- Records supplied
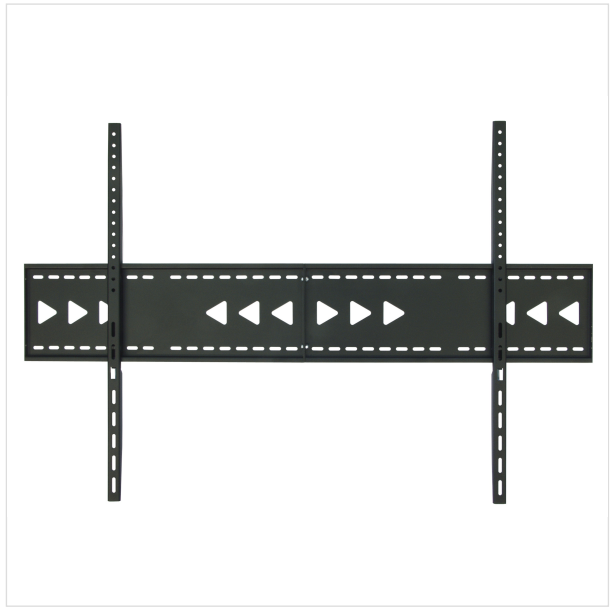

Recently Viewed Products

-  [MARCO POLO](#)
-  [NEW MAGELLANO](#)
-  [PROFESSIONAL SPRING](#)
-  [STAND C](#)
-  [VIDEO TROLLEY](#)

FIX BIG 600 | 1200

QUICK OVERVIEW

FIX BIG is the ideal solution for wall installations of large video till 110".

Double click on above image to view full picture

More Views

DETAILS

Designed and manufactured by Omb in Italy for VESA 1200x900, it can be used for the most di_ used VESA dimensions on worldwide large screens, till a maximum weight of 125Kg. Its versatile structure allows to achieve both horizontal and vertical installations, ensuring a "framework e_ect" due to the minimum distance from the wall (just 25mm) of any larg

TECHNICAL DRAWINGS

Fix Big 1200

ADDITIONAL INFORMATION

Product code	07039
VIDEO size	60" - 110" 152 - 279cm
Weight capacity	125 kg max. 275 lbs max.
Distance from wall	39 mm
VESA mounting pattern	MAX VESA 1200 X 900
Instructions	
3d schematics: Adobe Acrobat recommended	
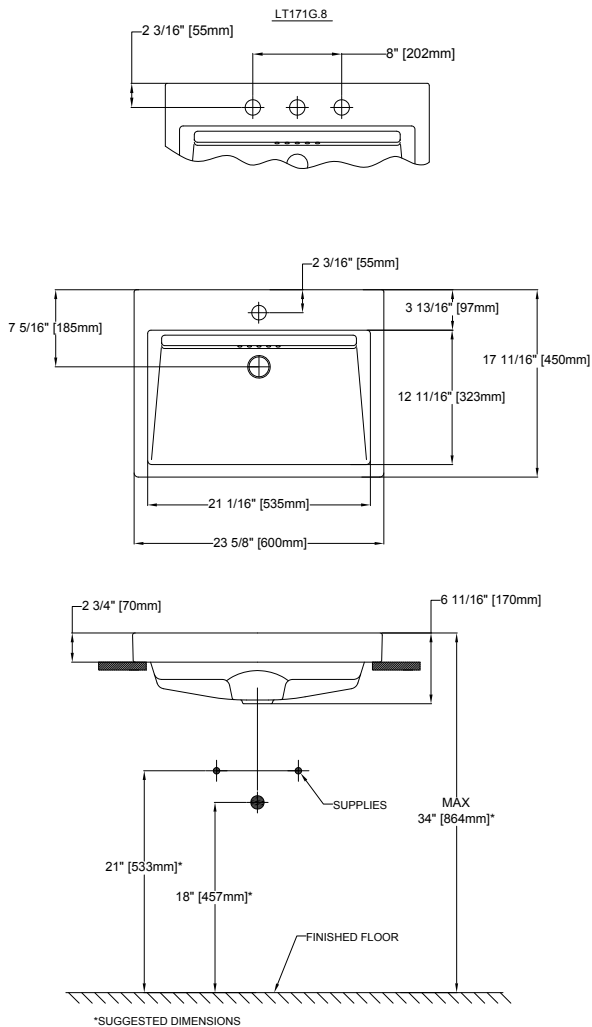

Kiwami™ Renesse® Design I Vessel Lavatory

FEATURES

- 23-5/8" x 17-11/16"
- CeFiONtect™ ceramic glaze - prevents debris and mold from sticking to ceramic surfaces, leading to fewer chemicals and less water in cleaning
- Fired clay
- Complete with installation template, hardware and drain fitting

MODELS

- LT171G#01
Lavatory with single hole faucet center
- LT171.8G#01
Lavatory with 8" faucet centers

COLORS/FINISHES

- Standard
#01 Cotton

PRODUCT SPECIFICATION

This vessel lavatory shall be made of fired clay. Lavatory shall be 23-5/8" x 17-11/16". Product shall be without overflow and lavatory shall include mounting assembly. Lavatory shall have CeFiONtect ceramic glaze. Lavatory shall be ADA compliant. Lavatory shall be TOTO Model LT171_____.

LT171G

Kiwami™ Renesse® Design I Vessel Lavatory

SPECIFICATIONS

- Waste 1-1/4" O.D.
- Size 23-5/8"W x 17-11/16"D
- Basin 21-1/16"W x 12-11/16"D
- Warranty One Year Limited Warranty
- Material Fired clay
- Shipping Weight 31.5 lbs.
- Shipping Dimensions 24-1/2"W x 18-1/2"D x 7-7/8"H

INSTALLATION NOTES

Due to the Soiree's unique laminar flow, TOTO does not recommend the use of the Soiree faucet with this lavatory.

TOTO

These dimensions and specifications are subject to change without notice
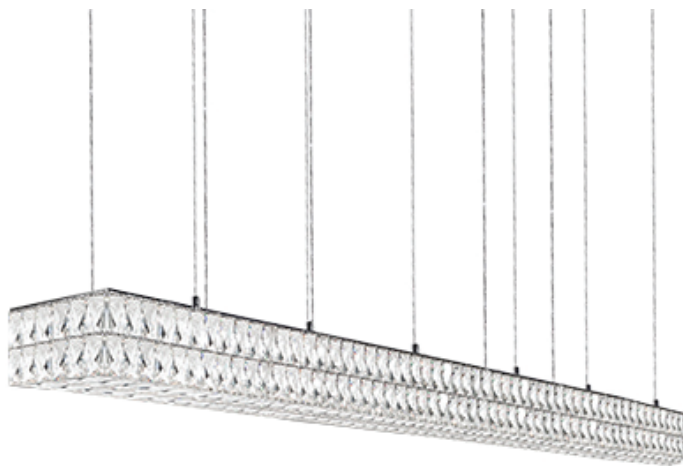

LP78270

SPECIFICATION SHEET

PROJECT		
DATE		TYPE

Sophisticated LED technology meets modern linear pendant

- Diamond cut clear crystals
- Chrome metal details
- Dimmable with ELV dimmer (Not included)
- Custom options available

Color Temp 3000K/4000K
 CRI (Ra) >90
 Dimming 100% - 10%
 Rated Life 50,000 hours

Voltage	Watt	LED Lumens	Delivered Lumens	Finish(es)
120V	208W	19200lm*	11000lm*	CH - Chrome

LP78270
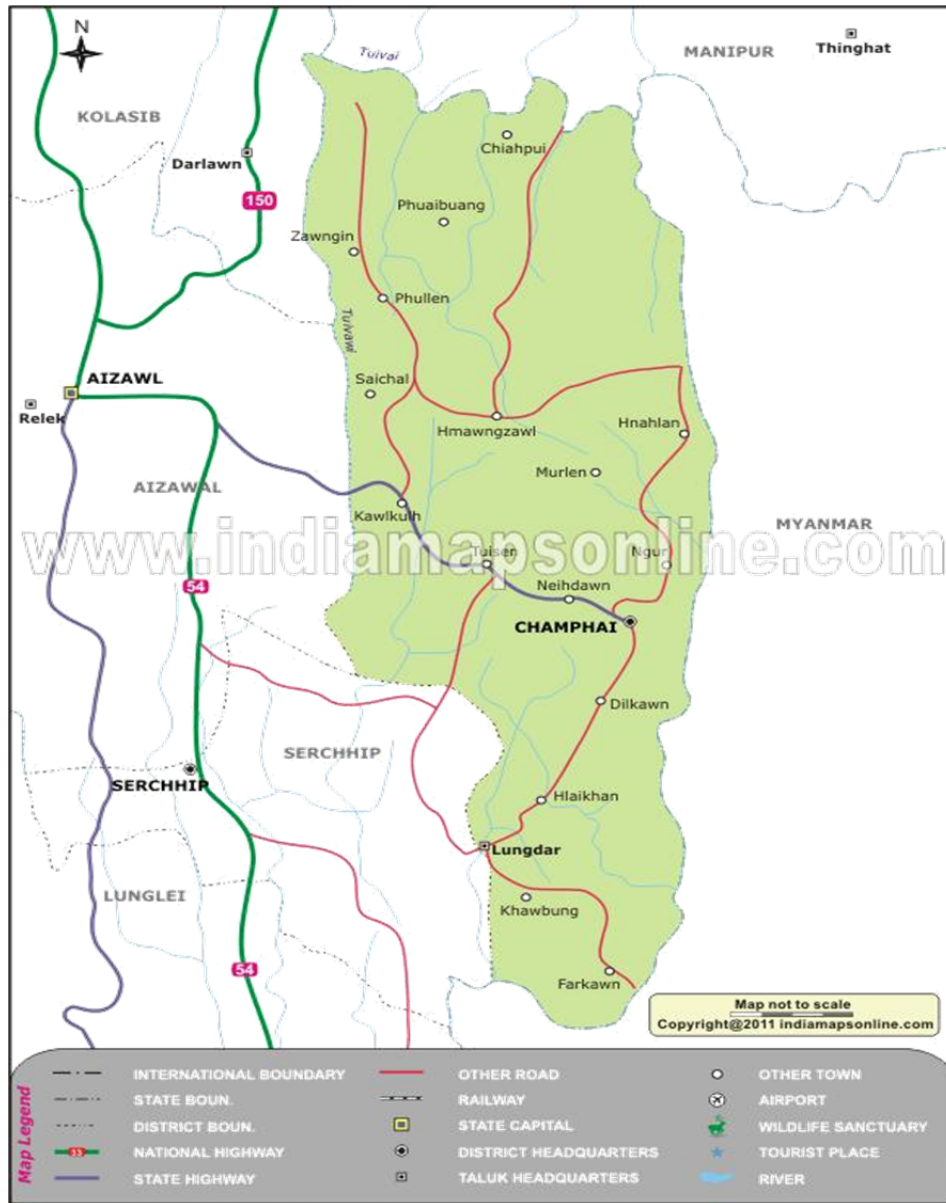

FIGURES

Map 1: Map of North-Eastern States

Map 2& 3: Map of Arunachal Pradesh and Papum Pare District

Map 4 & 5: Map of Lower Subansiri District and Upper Subansiri District

Map 6: Map of Manipur

Map 7: Map of Churachandpur District

Map 8: Map of Senapati District

Map 9: Map of Tamenglong District

Map 10 & 11: Map of Meghalaya and East Jaintia Hills District

Map 12: Map of West Garo Hills District

Map 13: Map of Ri-Bhoi District

Map 14: Map of Mizoram

Map 15: Map of Champhai District

Map 16: Map of Nagaland

Map 17: Map of Kohima District

Map 18: Map of Wokha District

- How to complete this task
Repeat each line of the material, unaltered, from the first through the line with "FIX BIG is the", and include no pictures.

- Output of the exercise
Recently Viewed Products

-  [MARCO POLO](#)
-  [NEW MAGELLANO](#)
-  [PROFESSIONAL SPRING](#)
-  [STAND C](#)
-  [VIDEO TROLLEY](#)

FIX BIG 600 | 1200

QUICK OVERVIEW

FIX BIG is the ideal solution for wall installations of large video till 110".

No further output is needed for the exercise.